CCS is the pricier option

Equinor says CCS is the more expensive option although not for reasons which apply generically to all LNG plants. The problem is not the cost of the carbon capture, but integrating the capture unit with the plant, which will require a 170-day shutdown and deferred gas exports. Equinor’s assessment also suggests the need for a new CO2 pipeline, well and CO2 reservoir.

It estimates that adding CCS at the Hammerfest LNG plant would cost 37bn kroner ($3.5bn), of which the capture plant would account for 30%, plant integration including offshore compression 53%, and transport and storage costs 17%.

It also estimates that raw material and supply chain inflation mean the cost would be some 30% higher today than when the initial assessment was made in 2019.

CCS is gaining favour, but costs need to fall

The main sources of carbon emissions from LNG projects are upstream reservoir CO2, emissions from compression and emissions from on-site power generation.

A 5 MTPA LNG plant requires around 185 MW of power capacity for mechanical drive and about 45 MW for power generation. This implies a carbon capture plant with capacity to capture about 1 MTPA CO2, – a size similar to the Boundary Dam coal-fired CCS project in Canada, which cost around C$1.5bn ($1.1bn) and has not been extended to the sites’ other coal units.

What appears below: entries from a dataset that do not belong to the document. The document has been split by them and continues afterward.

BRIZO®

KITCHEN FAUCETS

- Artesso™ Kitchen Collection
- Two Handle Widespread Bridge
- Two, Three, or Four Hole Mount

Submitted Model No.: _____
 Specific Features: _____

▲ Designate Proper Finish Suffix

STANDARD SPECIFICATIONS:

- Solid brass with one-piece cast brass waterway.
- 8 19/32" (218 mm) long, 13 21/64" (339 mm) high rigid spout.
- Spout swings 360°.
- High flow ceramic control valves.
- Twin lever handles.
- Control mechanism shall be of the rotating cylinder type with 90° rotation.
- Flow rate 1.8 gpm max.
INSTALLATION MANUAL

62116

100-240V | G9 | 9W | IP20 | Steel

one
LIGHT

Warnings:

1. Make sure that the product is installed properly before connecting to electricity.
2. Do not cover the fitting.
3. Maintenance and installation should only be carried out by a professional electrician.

While CCS costs are expected to fall, there is little question that pioneering projects, such as Boundary Dam, are expensive. The cost of Chevron’s CCS project at its Gorgon LNG project in Australia has increased to more than A$3.1bn ($2.0bn) and has so far been struggling to meet its storage targets.

As a result, CCS has been thought of as an expensive, often too expensive, option. However, International Energy Agency (IEA) analysis highlights that there is no single cost for CCS, and that CCS can be effectively retrofitted to existing industrial facilities, such as LNG plants, with costs lower for newbuild construction, where CCS can be part of the initial design.

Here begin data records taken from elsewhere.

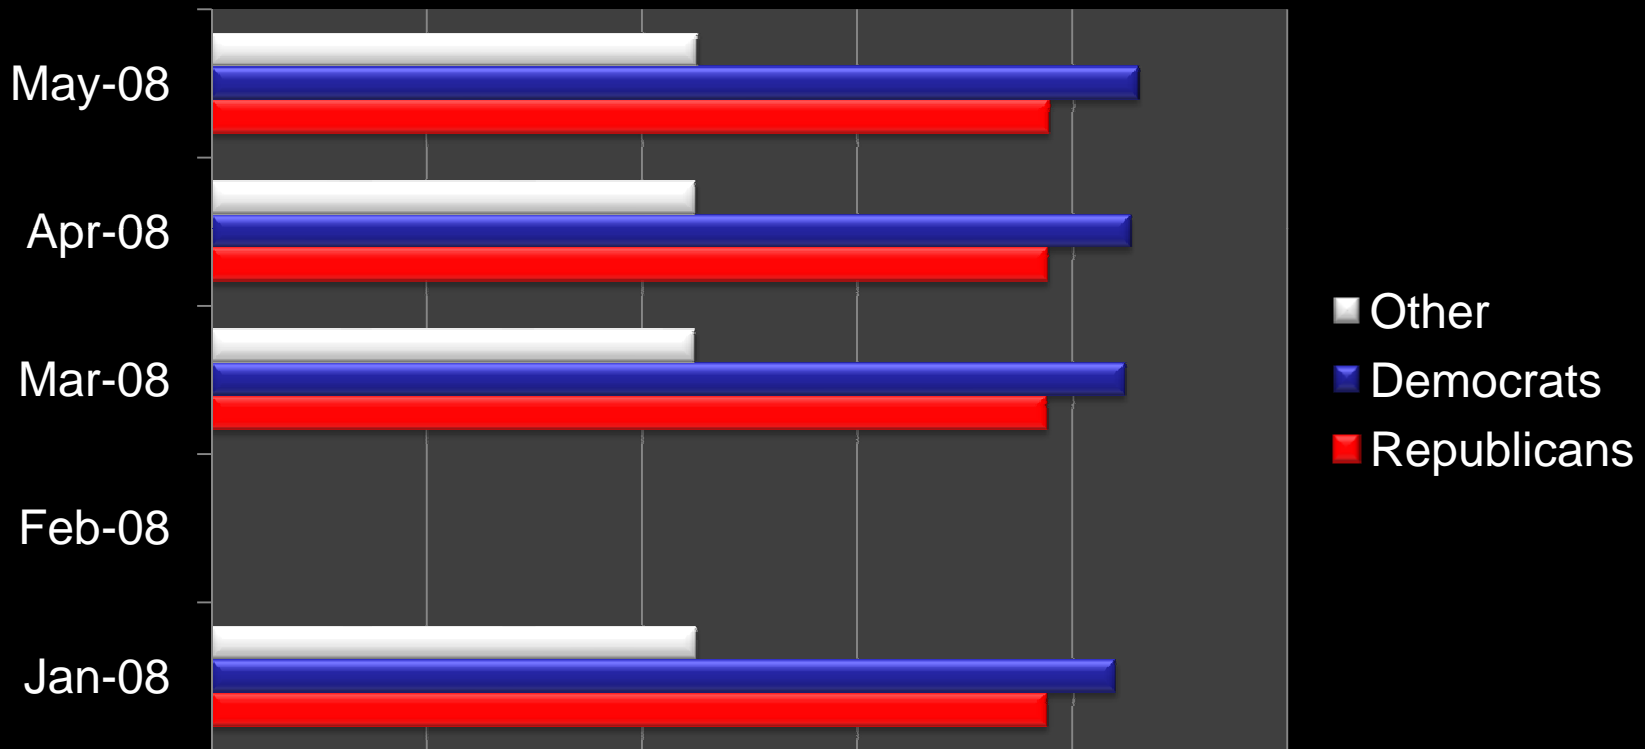

May 2008

21%

37%

42%

Minor Party	339,275
No Party	<u>1,920,216</u>
Others	2,259,491

Democrats --	4,305,680
Republicans --	<u>3,889,705</u>
Difference--	415,975

VOTER REGISTRATION HIGHLIGHTS

41 OPPORTUNITIES

In some cases, storing CO2 captured from the feed gas is the best option, while in others it may be postcombustion capture, or both. Almost all LNG projects remove CO2 from the feed-in gas source before use. Capturing carbon post-combustion from flue stream gas is more expensive.

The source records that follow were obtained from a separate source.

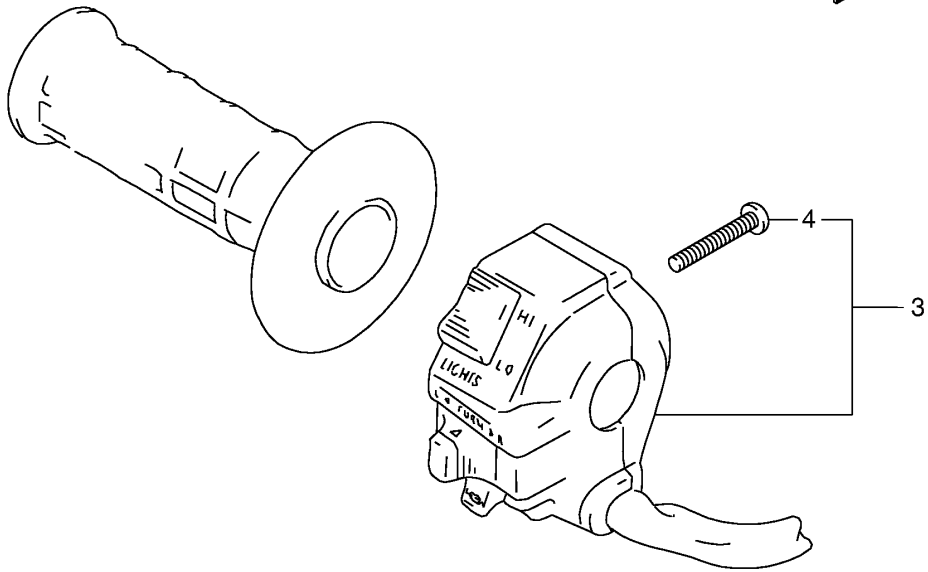

Ref No	Part No	Description
1	37200-44A00	Switch Assy, Handle Rh
1	37200-44A50	Switch Assy, Handle Rh
2	09125-05066	• Screw (5x25)
3	37400-44A00	Switch Assy, Handle Lh
4	02112-05305	• Screw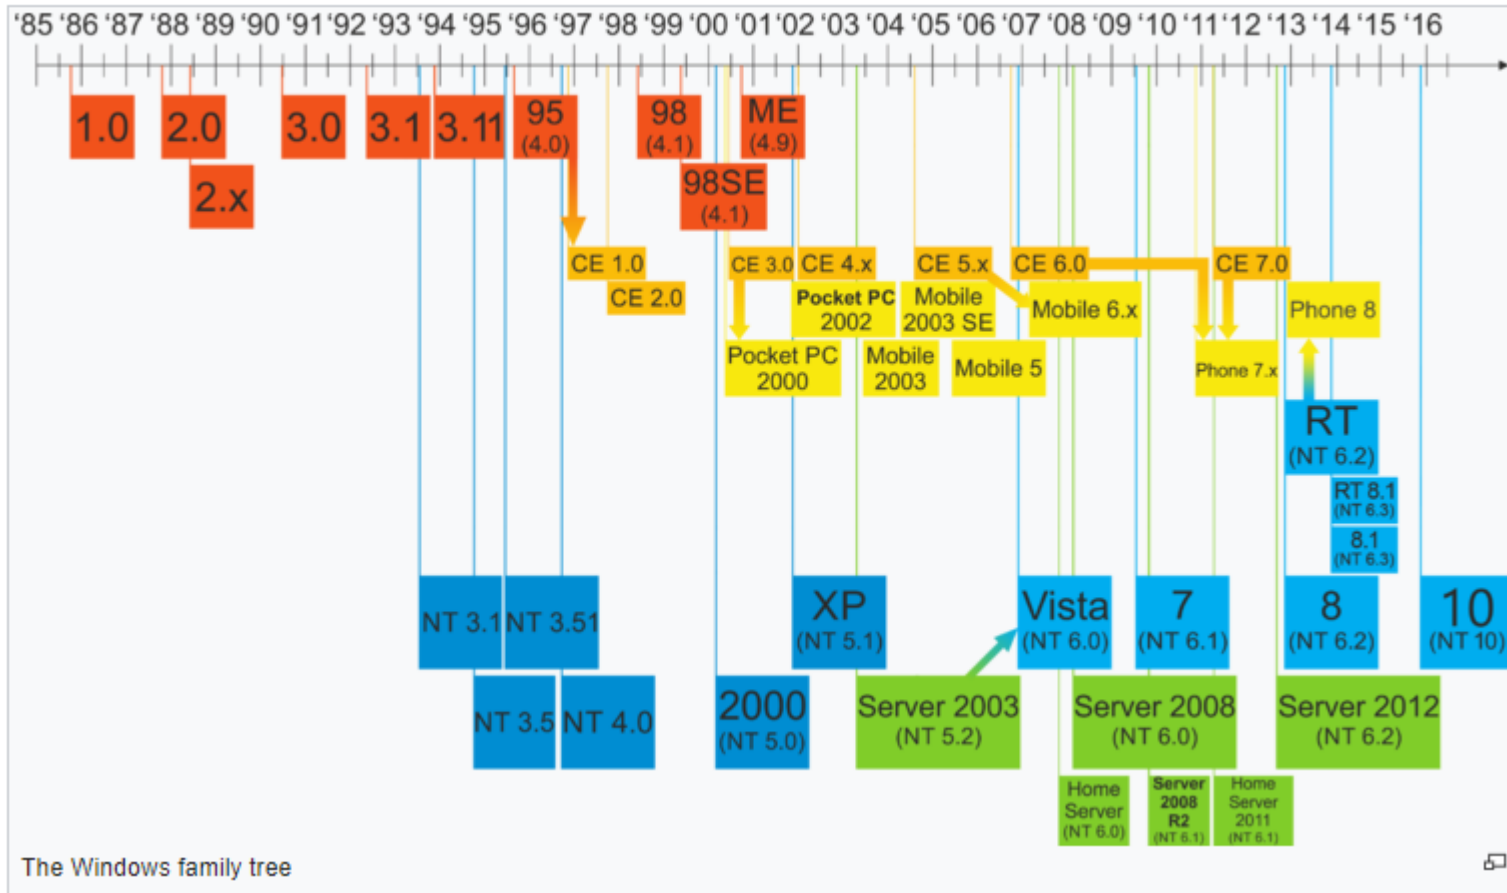

WINDOWS INTRODUCTION

HW Hilgersom

PROGRAMMA VOOR VANDAAG

1. Absentie
2. Voorstellen
3. Windows History
4. **DEFINITIES**
5. Clear Desk Policy
6. Schoolvoorict.nl, etc.
7. *Mappenstructuur*
8. PoliForma BV
9. **Quiz**

Windows History

Windows 1
1985

Windows 3.1
1992

Windows 95
1995

Windows XP
2001

Windows
Vista 2006

Windows 7
2009

Windows 8
2012

Windows 10
2015

Timeline of Microsoft Windows

This article presents a [timeline](#) of events in the history of Microsoft Windows operating systems from 1985.

Windows Server 2016 is Designed to fit Your Business

Multiple factors will affect individual project costs, for example the proximity of an injection site. The concentration of the CO2 stream is a significant factor and the CO2 streams from LNG plants and natural gas processing are relatively pure, putting CCS for these applications at the lowest end of the cost scale. The IEA puts the cost range for capture at $15-25/T CO2 for concentrated CO2 streams, compared with $40-120/T for more dilute carbon streams.

Policy also plays a big role and US LNG developers have welcomed the recent passage of the Inflation Reduction Act, which increased the 45Q tax credit for capturing and storing carbon. This looks set to spur a range of CCS projects in US gas producing regions, notably the US Gulf Coast. A number of US companies have announced plans for CCS operations at their LNG plants, including Cheniere Energy, NextDecade, Sempra Energy and Venture Global.

It is also notable that all of these companies are active in searching for improved CCS technologies. CCS costs are expected to fall with wider development and greater experience. They need to.

The bottom line is that LNG developers are willing to shoulder an increase in cost in order to put effective carbon emissions controls in place, but not at any price. They are betting that just as they managed to reduce upstream and LNG plant unit costs in the 2014-2018 period, similarly cost containment can be achieved for CCS in the period up to 2030.